I see you're not good at math. Hone the blade (+2 5pp) augment weapon (+3 5pp).  5+5= 10.  Both have a 10min duration, 10 rounds = 1min.  So duration 100 rounds.  57pp - 10 = 47pp. 47÷57 = 82% of resources remaining.  20 DEX= +5 +4(prof. Mod)= +9.  9+5 = +14 to hit.  

The reason I didn't add all of that stuff you mentioned is because when you do comparisons it has to be apples to apples. You can't use combat menuevers for every attack for 10 rounds, you can't even do it for 3, so no, not being added.  

Sent from my SM-T813 using Tapatalk


----------



## zaratan (May 5, 2017)

neogod22 said:


> I see you're not good at math. Hone the blade (+2 5pp) augment weapon (+3 5pp).  5+5= 10.  Both have a 10min duration, 10 rounds = 1min.  So duration 100 rounds.  57pp - 10 = 47pp. 47÷57 = 82% of resources remaining.  20 DEX= +5 +4(prof. Mod)= +9.  9+5 = +14 to hit.
> 
> The reason I didn't add all of that stuff you mentioned is because when you do comparisons it has to be apples to apples. You can't use combat menuevers for every attack for 10 rounds, you can't even do it for 3, so no, not being added.
> 
> Sent from my SM-T813 using Tapatalk




None encounter last 10 rounds, the avg ia about 4, max 5. The standart encounter day is 6-8 encounters wirh 2 short rest. Using manuever for ripose means 5 extra attacks for short rest with +1d10 damage each.polearm master is bonus action attack always + a lot of AoO all day, and fighter can get a magic glaive to decrease to hit difference.
For 10pp, you need to burn all your resoures to last entire day, and don't lose your concentration any time. 
And this damage only really ger on at round 3, since first bonus action you ger soul knife, second bonus action augumented weapon and only at than you will use your off hand. Most combats will end at round 4, nice.
And this is the top level of mystic, since they don't really get much at lvl 11+

But is a waste of pp for mystic just to try to be comparable with fighter, they can get so many good stuffs, spend all with damage?

But why you avoid to comment my bigger critic about mystic, the off hand attack, that doesn't synergize with anything, and use booming blade could be a better choice most of the soul knife career.  Or you can't hold a stupid map while you're with your soul knife. This is not about being underpowered, is bad design. You really don't have nothing to say about that?


----------



## neogod22 (May 5, 2017)

I did a simple apples to apples comparison, not apples to oranges, not apples to lemons.  We are not playing the what-if game. Face it, you don't know what you're talking about and am starting to be annoying. If you think a fighter is better, then go play a fighter and get off the forum.   

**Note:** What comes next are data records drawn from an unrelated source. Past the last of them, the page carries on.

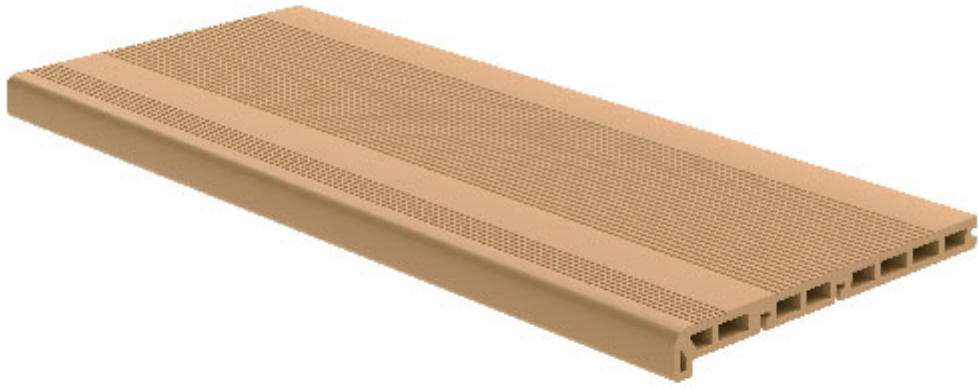

Stopnie Legro walnut

Długość: 4000mm

Szerokość: 140mm

Wysokość: 22mm

Dostępne długości: 140x22x4000
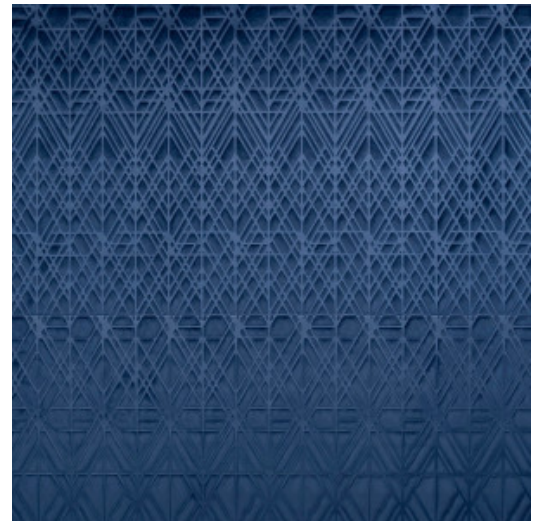

VECTOR

Colección Velveten

Historia de la colección

El suave terciopelo añadirá a su interior el toque más exclusivo, mientras que la innovadora tecnología tridimensional aportará profundidad a la pared y una marcada estructura.

Especificaciones técnicas

Referencia	<u>87020</u>
Categoría de producto	Couture
Composición	Revestimiento mural textil 3D sobre base no tejida
Descripción	Un lujoso revestimiento de pared con un suave tacto aterciopelado
Dimensiones	Ancho 120 cm / se vende por metro lineal
Case	Case recto 119 cm
Observación	Repele las manchas y el agua y aporta un efecto positivo en la acústica
Pegamento	Arte Clearpro o una cola de dispersión de buena calidad
Cómo encolar	Encolar la pared
Resistencia a la luz	Buena resistencia a la luz
Cómo retirar	Arrancable en seco
Certificado ignífugo EU	C-s2, d0
Certificado ignífugo US	Class A
Mantenimiento	Durante la colocación se puede utilizar una esponja húmeda (retirar las manchas de cola fresca)

Colores (5)

87020

87021

87022

87023

87024

Vista

Más información? [Haga clic aquí](#)
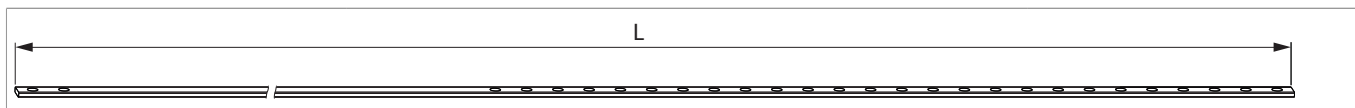

## 359643 - Asta di collegamento 16,4x4 con fori per carrello HS L=2.708 LB 2.740-3.385 argento

### Disegni tecnici

			<b>L</b>		<b>No</b>
Asta di collegamento 16,4x4 con fori per carrello HS	argento	2.740 - 3.385	2.708	10	359643 <sup>1) 2) 3)</sup>

<sup>1)</sup> Carrello per HS 400kg con canalino 16/18x30: Campo di applicazione +535 mm
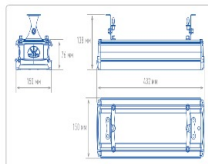

ХАРАКТЕРИСТИКИ

Светотехнические характеристики

Мощность, Вт:	59.3
Световой поток светодиодного модуля, ЛМ	10893
Световой поток, Лм	9015
Световая эффективность, Лм/Вт:	152
Количество светодиодов, шт:	112
Кривая силы света (КСС):	D (120°) косинусная
Цветовая температура, К:	4000
Индекс цветопередачи CRI:	72
Коэффициент пульсаций светового потока, %:	≤5
Ресурс светодиодов, ч:	100000

Sent from my SM-T813 using Tapatalk


----------



## zaratan (May 5, 2017)

neogod22 said:


> I did a simple apples to apples comparison, not apples to oranges, not apples to lemons.  We are not playing the what-if game. Face it, you don't know what you're talking about and am starting to be annoying. If you think a fighter is better, then go play a fighter and get off the forum.
> 
> Sent from my SM-T813 using Tapatalk




Apple to apple is compare champion with a battle master. If you'll compare no resource with no resource I would be ok, but you're comparing 10pp spend and damage of third round how if was at first with no resouce? And call this "apple to apple"? Or you're trying to compare a what a nova class can do if it was just one encounter/day, with a short rest class, in a game balanced for 6 to 8 encounters/day?
And why the hell you always change the subject to power level when my problem with soul knife is his dual wielder design? I'll not play a fighter, I would play a avatar, awakened, nomad or wu jen mystic, with his features that make sense and synergize with they other features and disciplines. Compare mystic with mystic wouldn't be more "apples to apples"? Why you don't do your soul knife character to be compare?
 Please, at least tell me that you're using sophistry on purpose.


----------



## neogod22 (May 5, 2017)

zaratan said:


> Apple to apple is compare champion with a battle master. If you'll compare no resource with no resource I would be ok, but you're comparing 10pp spend and damage of third round how if was at first with no resouce? And call this "apple to apple"? Or you're trying to compare a what a nova class can do if it was just one encounter/day, with a short rest class, in a game balanced for 6 to 8 encounters/day?
> And why the hell you always change the subject to power level when my problem with soul knife is his dual wielder design? I'll not play a fighter, I would play a avatar, awakened, nomad or wu jen mystic, with his features that make sense and synergize with they other features and disciplines. Compare mystic with mystic wouldn't be more "apples to apples"? Why you don't do your soul knife character to be compare?
> Please, at least tell me that you're using sophistry on purpose.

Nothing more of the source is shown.